Like the crime and horror comics of the same era, these romance comics play on expectations that people have on one another. They’re morality tales and less sensational versions of the stories that you might have found in pulps like Spicy Detective Stories or Saucy Stories.

There’s a focus on drama that borders the unimaginable. No one is faithful at first glance. No one communicates. Everyone makes bad decisions based on pretty faces. But there’s always a happy ending (for some definition of happiness).

ScreenHunter_111 Nov. 15 13.20

I love it!

These books are funny because they’re so old-fashioned but they’re also a really good primary recourse for anyone studying early 20th century pop culture. My inner historian basically can’t get enough of them. My favorite thrift store finds are these old comics because they’re both fun to read and functional in my nerdy studies.

Before I end this post, I’d like to share some of my favorite of these ridiculous romance comics and romance stories that are now in the public domain because it’s fun to share the wealth. So let’s start:

First, there’s “Menace to our Marriage” in October 1949’s All Romances #2. It’s the story of a young woman that invites an old friend to stay with her and her husband and what happens when that friend decides to take a little more than what’s offered. The plot (best friend betrayal and a husband that’s kind of a jerk) is a staple in the genre, but the art in this book is better than average.

Next we have “Whispered About” in April 1949’s Real Love #25. The art’s a bit weird but it works for this plot about a young woman who is mistaken for her celebrity father’s girlfriend in the newspapers. In this same issue, you can also check out “Dangerous Dates” about a young woman who lets her roommate talk her into going on dates for money (and the predictable poor end).

If you’re invested in the implausible, then there’s “Bosco Plays Matchmaker” from February 1960’s Confessions of the Lovelorn. There’s matchmaking bear in a zoo. I mean… You really need to see it to believe it. Unfortunately, while this comic should be in the public domain the only place I’ve been able to find it is in in IDW’s Weird Love #2.

And then we have “Gangster’s Girl” from February 1954’s First Love Illustrated #37. Seriously, with the amount of young women who wound up hooking up with gangsters in these comics, you’d think we had an epidemic of smooth talking young criminals swarming all over the 1950s.

Lastly, we get an honorable mention to a story that showed up in Marvel’s June 1970 issue of Our Love Story #5. I can only find it on Marvel Unlimited (so check it out if you have a subscription), but the issue has art by Jim Steranko and John Romita to say nothing of the fact that Stan Lee himself was on the writing.
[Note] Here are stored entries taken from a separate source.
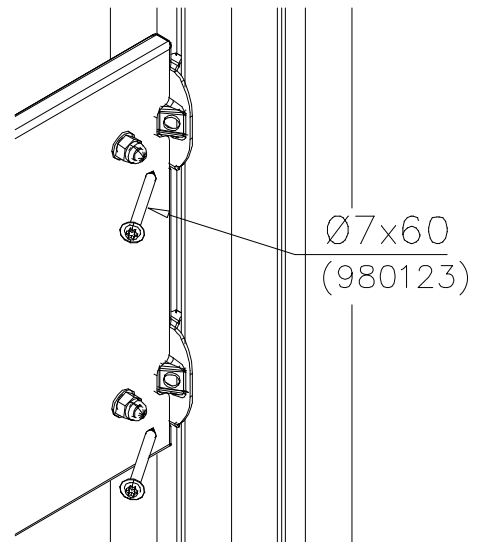

DET 1

DET 2

Floor plate

Make sure that the door opens and closes
Varmista, että luukku aukeaa ja sulkeutuu

20

①	980128	PCS	②	900240	PCS
		6			2
					
	Ø7x40			Ø8x70	
③	980152	PCS			PCS
		2			
					
	Ø24/8.4				
		PCS			PCS
		PCS			PCS
		PCS			PCS
		PCS	○	707472	PCS
					1
					
○	707473	PCS	○	707474	PCS
		1			1
					
		PCS			PCS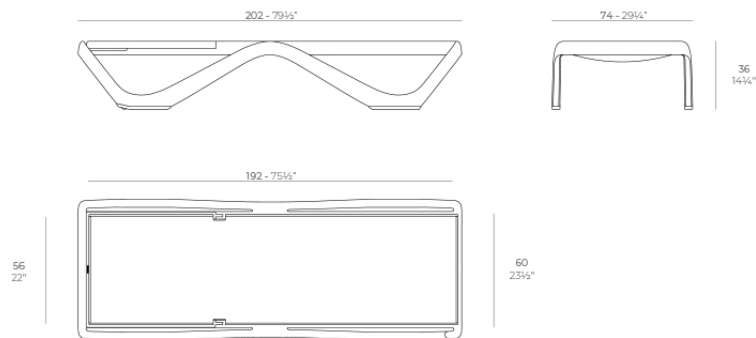

Info

Descripción

Fabricado en polipropileno por inyección con carga mineral. Apilable.
Disponibile en varios colores. Apto para uso interior y exterior.

Peso: 13.5 Kg

LOVE Tumbona
LOVE Sun Lounger
ref. 65090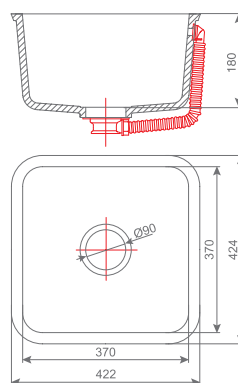

## 054 CLEA

NOTRANJE DIMENZIJE / UNUTARNJE DIMENZIJE / UNUTRAŠNJE DIMENZIJE

#dolžina / duljina / dužina: 555 mm #širina / širina / širina: 430 mm #globina / dubina / dubina: 213 mm #ø 90 mm

● ● 1090, 5080,  
5083, 9095

## 055 MIA

NOTRANJE DIMENZIJE / UNUTARNJE DIMENZIJE / UNUTRAŠNJE DIMENZIJE

#dolžina / duljina / dužina: 370 mm #širina / širina / širina: 370 mm #globina / dubina / dubina: 180 mm #ø 90 mm

● ● 1090, 5080,  
5083, 9095

It’s almost enough to make me consider spending money I don’t have on a subscription just to read it. This comic isn’t just notable for the art, but for the fact that it’s one of the few romance comics to have Black main characters and positive relationships between them.


Have you read any romance comics in your travels through comics, fellow fans? What are some of your favorites? And seriously, how weird is that one story with the bear?